This paper by UTNS lab appeared in NSDI 2021. It presents a data-analytics framework that decouples intermediate data from computations.
Whiz addresses several challenged posed by current analytics frameworks. The first one is data opacity. Most modern data analytics frameworks relies on MapReduce execution engine. The developer specifies the map and reduce function, which then get submitted to the analytics framework. The workflow can be expressed as a logical graph; the physical graph (which includes the cluster configuration, disk quota, etc.) is generated transparently. The workflow is shown below:
The problem is in the region marked yellow. It shows the execution engine has limited runtime visibility into the intermediate data. Thus, adapting processing logic of tasks based on the states of intermediate data becomes challenging.
In addition, task parallelism and intermediate data partition strategy are often static. In the graph above, the intermediate data partition tasks and the final reduce tasks might be determined prematurely, without taking the intermediate data partition characteristics into account. For example, data skew (unevenly distributed jobs) causes different reduce nodes to process different amount of tasks. The graph below illustrates how the shuffle stage can result in disproportional intermediate data partitions.

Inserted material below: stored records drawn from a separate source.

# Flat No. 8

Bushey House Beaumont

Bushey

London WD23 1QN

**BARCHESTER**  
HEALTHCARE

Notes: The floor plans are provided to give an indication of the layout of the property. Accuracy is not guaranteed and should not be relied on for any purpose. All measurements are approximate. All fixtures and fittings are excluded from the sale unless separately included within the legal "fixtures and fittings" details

Finally, Whiz addresses the limitation posed by compute-driven scheduling. In compute-driven scheduling, one stage usually relies on the completion of the upstream tasks, the may lead to compute idling waiting for remaining data to become available, even if the a subset of workers in the current stage is ready for execution. Decoupling data from computation enables the execution engine to treat intermediate data as first-class citizen, thus allowing finer-grained control of data processing.

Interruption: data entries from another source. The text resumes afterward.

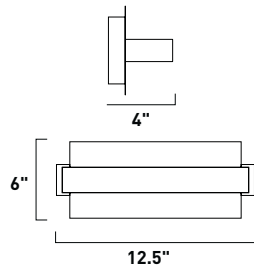

E30071-18 1-Light Pendant
Finish: Polished Chrome (PC)
Glass: Clear
1 x 1.25w LED Bulb (Incl.) | 98 Lumens
12" / 120" OAH

Masterful minimalism. The simplicity of Linea's perfect square and circle sconces creates the ideal stage to showcase the luscious, thick Clear/White glass that illuminates its hidden LEDs. The diffused light emanates from behind a sleek bar of Satin Nickel for a stunning effect.
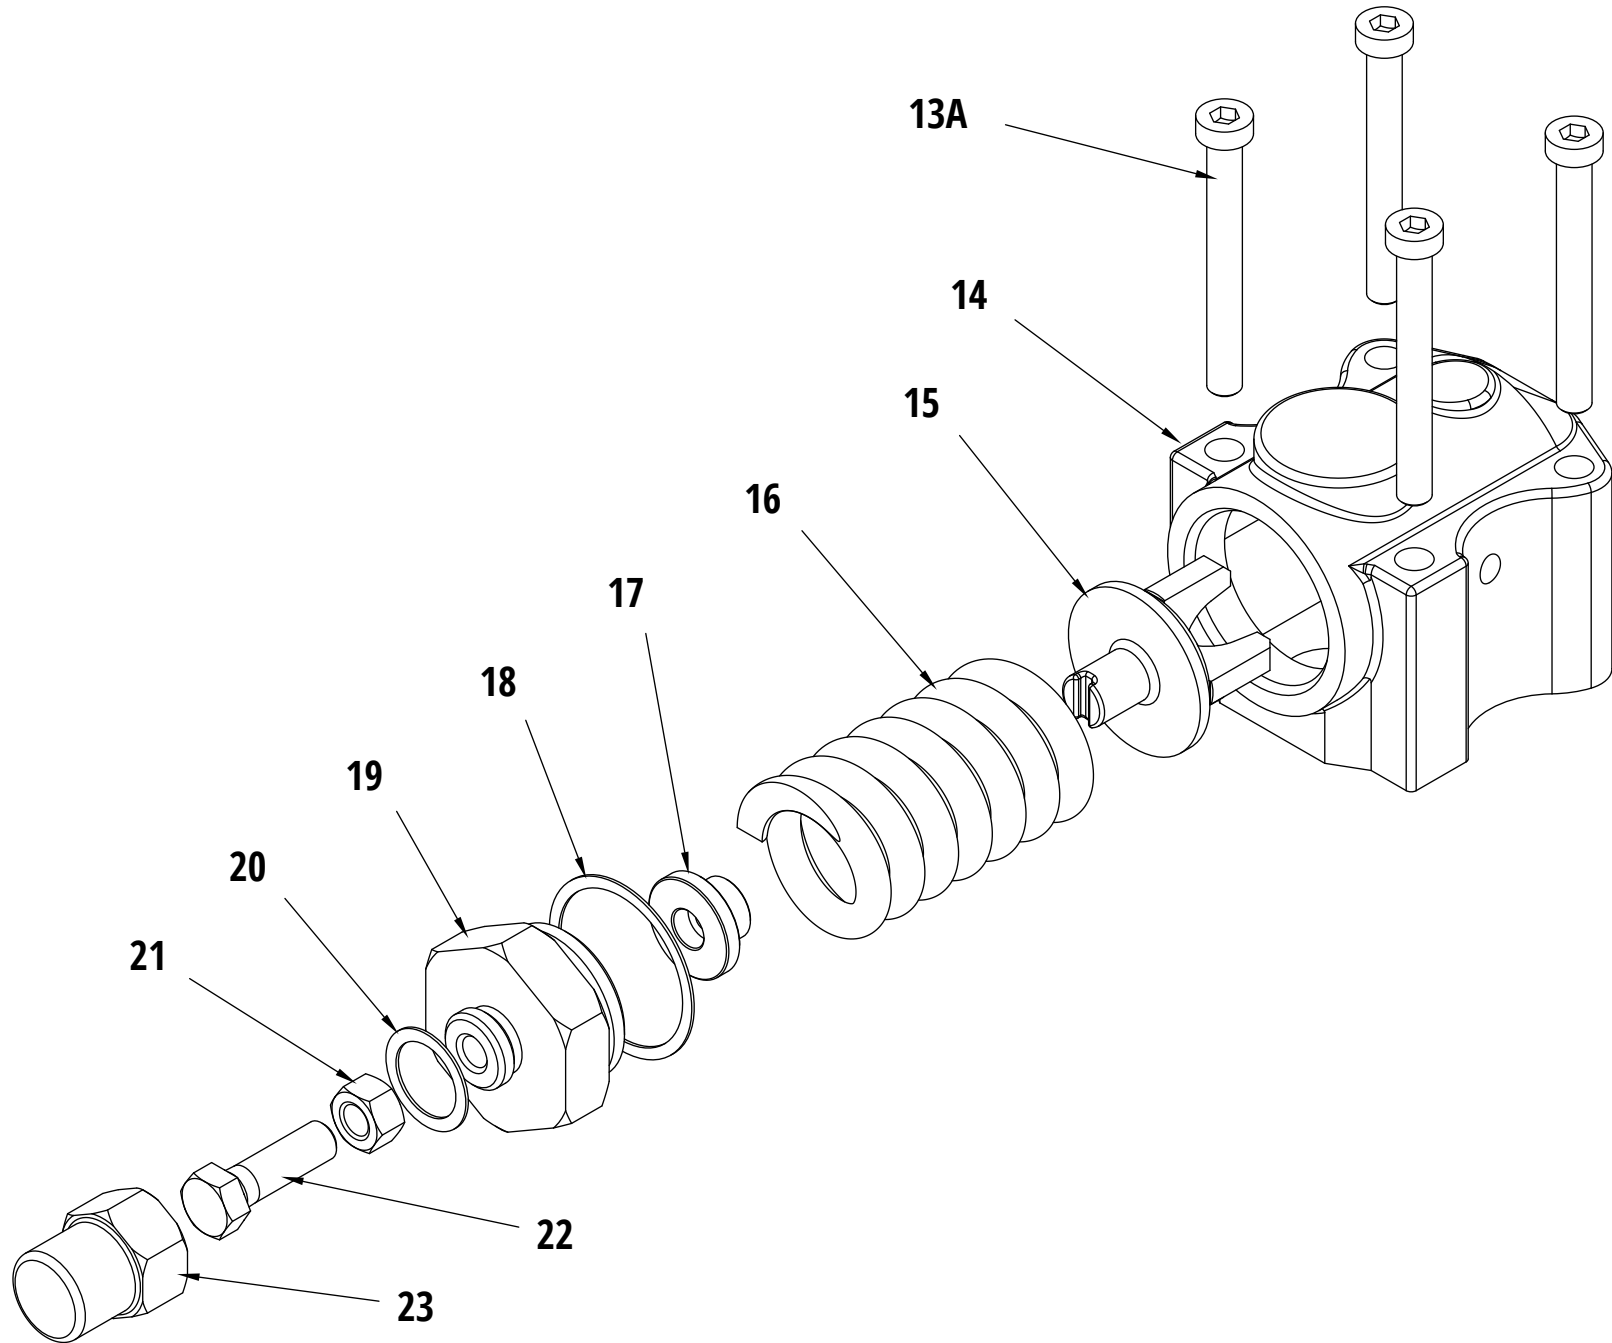

CCI009, CCI015, CCI020, & CCI030 Relief Valve Option Drawing

CCI009, CCI015, CCI020, & CCI030 Relief Valve Option Parts List		
Item	Part Number	Description
13A	P133-33-H	bolt (4)
14	CC151651	body
15	0050158	poppet
16	0015162-R	standard spring (60-190)
	0015162-G	optional spring (0-90)
17	00151665	spring guide
18	CC151667	gasket
19	CC151666	bonnet
20	009164	gasket
21	P201-11	jam nut
22	00151527	adjusting screw
23	0009156	cap

Tuthill Pump Group

12500 S. Pulaski Road, Alsip, IL 60803

www.tuthillpump.com

Excellence at work. Excellence in life.

In summary, Whiz solves two problems presented in compute-centric execution engines:
- Tight coupling between intermediate data and compute.
- intermediate data agnosticity.
Thus, Whiz creates a feedback loop between the execution service and the data service so that the execution can dynamically adjust its policy based on the information offered by the data service to optimize system performances.
Whiz classifies itself as a data-driven execution engine, which drives execution based on intermediate data properties. Making intermediate data visible opens door for optimization opportunities, thus increasing performances. For more technical details regarding the architecture and implementation of Whiz, please refer to the original paper.